There is only one above average government school that discusses the scholarships the school offers, AAGS1002, and this is virtually the average Australian school in terms of its ICSEA score. The only other school in the sample that mentions scholarships at all is the Elite EPS1177, but this school provides no detail on these scholarships other than stating they exist,
A range of scholarships and bursaries is available each year for eligible students commencing Years 7, 9 and 11.
Teachers
This thesis returns to the role of teachers in school marketing materials in the later chapter. Here we note that teachers are almost invisible in these materials. Not only are they largely absent from the images presented, they are also rarely discussed in the texts as well. Table 16 shows the proportion of images in all materials analysed that contain either students, teachers or the school principal. As can be seen, students appear in the overwhelming majority of all images, at or over nine-in-every-ten images.
Teachers are shown in only one-in-every-twelve images in the highest ICSEA
schools, principals in only one-in-every-fifty images. Non-elite schools are something of an outlier in above average schools, with many more images of teachers than the
other two school groups. But below average schools are an outlier in the opposite direction.
Table 16 People in images (all materials)
Student Teacher Principal
Elite 91% 8% 2%
Above Average 90% 8% 2%
Non-elite 95% 14% 8%
Below Average 92% 2% 2%
*note: percentages do not add to 100% as students, teachers and principals can appear in the same image and some images do not contain people.
The most significant result here is the remarkable absence of teachers in the
photographs that accompany the marketing materials of below average government schools. While teachers appear in one-in-twelve above average government school images, they appear in only one-in-fifty below average government school images. Since teachers are the most direct instrument for imposing school discipline, this finding may initially appear to contradict the overall contention of this thesis,
however, the implications of this finding will be discussed in more detail in chapter 8.
Teacher Qualifications
Hooper (2011) found that marketing materials from the nineteenth century often listed the qualifications of all teachers at the school, often going so far as to name the
teachers. This is rarely done today in elite marketing materials. Only one school in the sample, non-elite NEPS1082, supplied a table showing the highest qualifications attained by the teachers. As Hooper says,
Yet contemporary advertisements, by contrast, only rarely identify individual teachers, and if mentioned at all, it is only in a generic sense: they are ‘highly experienced’ at PLC, ‘caring and professional’ at Xavier College, ‘dedicated and experienced’ at Ivanhoe Girls’ Grammar School, ‘passionate’ at Loretto, and ‘dedicated and nurturing’ at MLC (p. 13).

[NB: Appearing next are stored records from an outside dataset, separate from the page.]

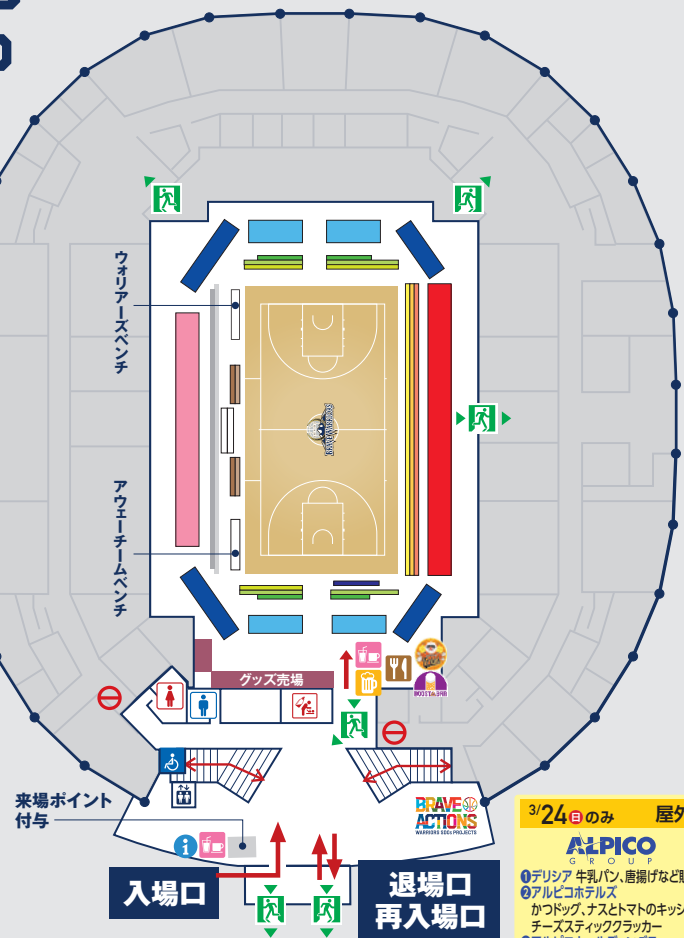

WHITE RING ARENA MAP

ホワイトリング会場案内図

1F

WARRIORSシート BRAVEシート	1列目	SHINSHUシート NAGANOシート SHINANOシート	1列目
コートサイド1列目		コートサイド3列目	
コートエンド2列目		1階ベンチFRONT	
1階コーナシート		1階車椅子シート	
WARRIORSシート BRAVEシート	2列目	SHINSHUシート NAGANOシート SHINANOシート	2列目
コートサイド2列目		コートエンド1列目	
コートエンド3列目		1階ベンチBACK	
1階ゴールBACK			

ブース情報 3/23・24日 屋内

長野市観光PRブース
(ながの観光コンベンションビューロー)
長野市の特産品販売や、市内の観光案内も実施!

非常口の避難について

地震、火災など避難を伴う事態が発生した際は場内アナウンス、係員の誘導に従い、慌てず落ち着いて行動するようにお願いします。
※緊急時、**内内**が非常口として開放されます。

ウォリアーズ オフィシャルフード

WARRIORS OFFICIAL FOOD

ここでしか食べられないオリジナルグルメをぜひ!

プレーアコロッケ	200円	エリンギフリット	600円	フライドポテト (明太マヨ/チーズ/トマト/ポロネーゼ)	各600円	生ビールプレミアムモルツ	700円	ハイボール ジム・ビーム	各600円

3/24日のみ 屋外

ALPICO GROUP

- ① デリシヤ 牛乳/パン、唐揚げなど販売
- ② アルピコホテルズ
- ③ かつ丼、ナスとトマトのキッシュ、チーズスティッククラッカー
- ④ アルピコホールディングス
- ⑤ アルピコ各ブース利用のお客様にガラホン抽選会
- ⑥ アルピコ交通 雑貨販売

フードドライブ
11:00~ハーフタイムまで
協力:長野ライオンズクラブ えんまる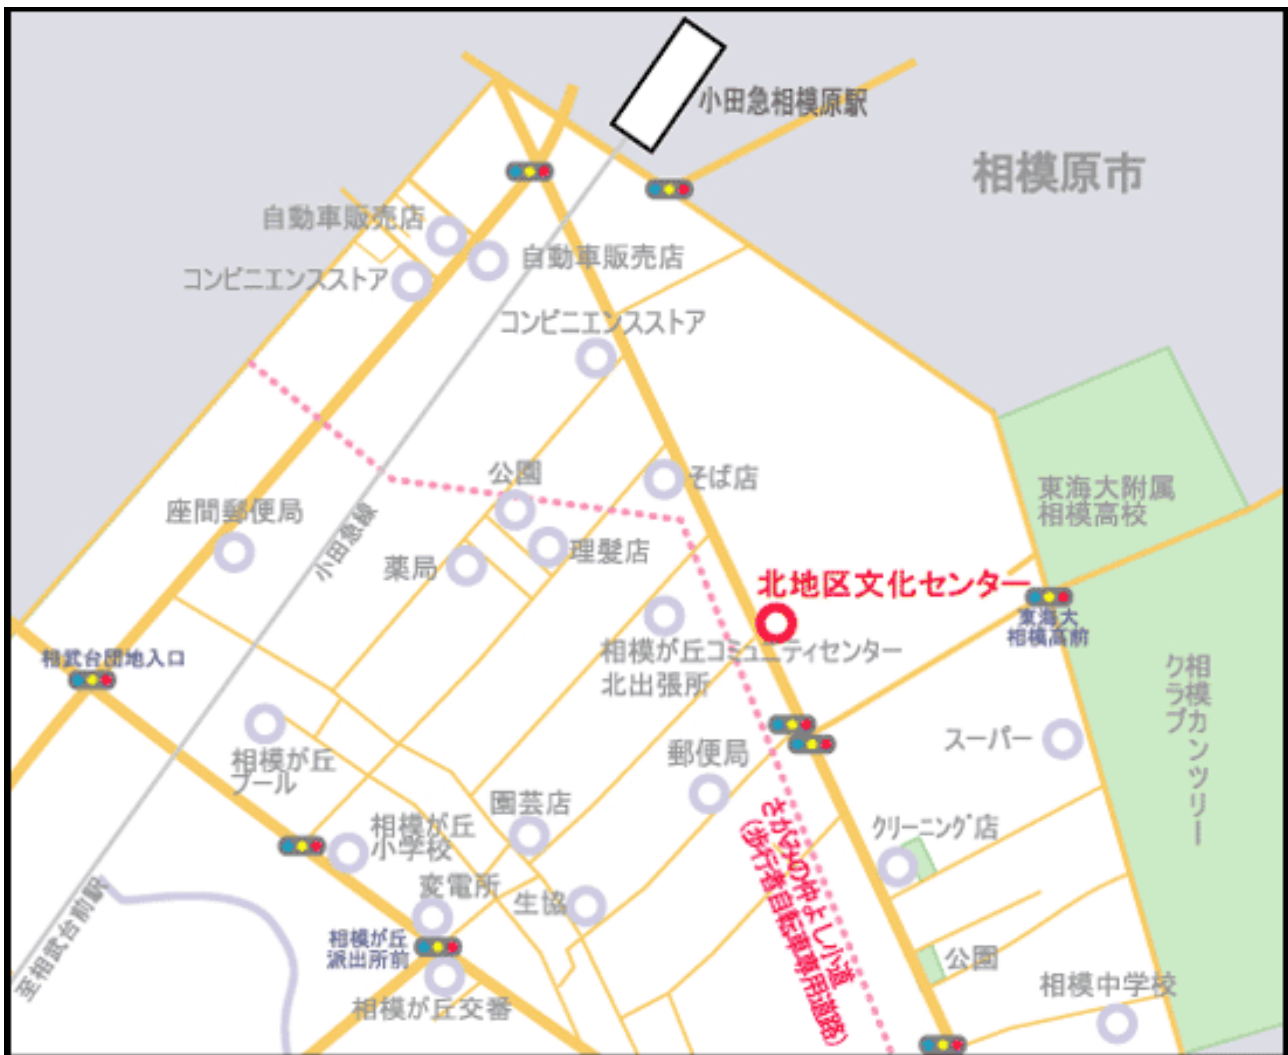

座間市北地区文化センター案内

◆交通案内

- ・ 所在地 相模が丘五丁目30番4号
- ・ 小田急線「小田急相模原駅」南口徒歩12分
- ・ バス利用 北口バスロータリー 小02系統「南林間駅行」小田急住宅前(座間市)下車徒歩4分
- ・ 電話番号 042(747)3361

This finding of a generalised description of teacher qualifications has been confirmed here too. Any reference to teacher qualifications rarely constitutes anything like a major part of the text of these prospectuses. Table 17 shows that across the various school ICSEA groups the schools present similar proportions of text discussing teacher qualifications and skills, although, again below average government schools dedicate proportionately less text to this than do other schools.
Table 17 Sentences discussing teacher qualifications
Elite 3%
Above Average 3%
Non-elite 4%
Below Average 2%
However, what is said about teachers and their role in teaching students is highly dependent on the ICSEA group the school belongs to.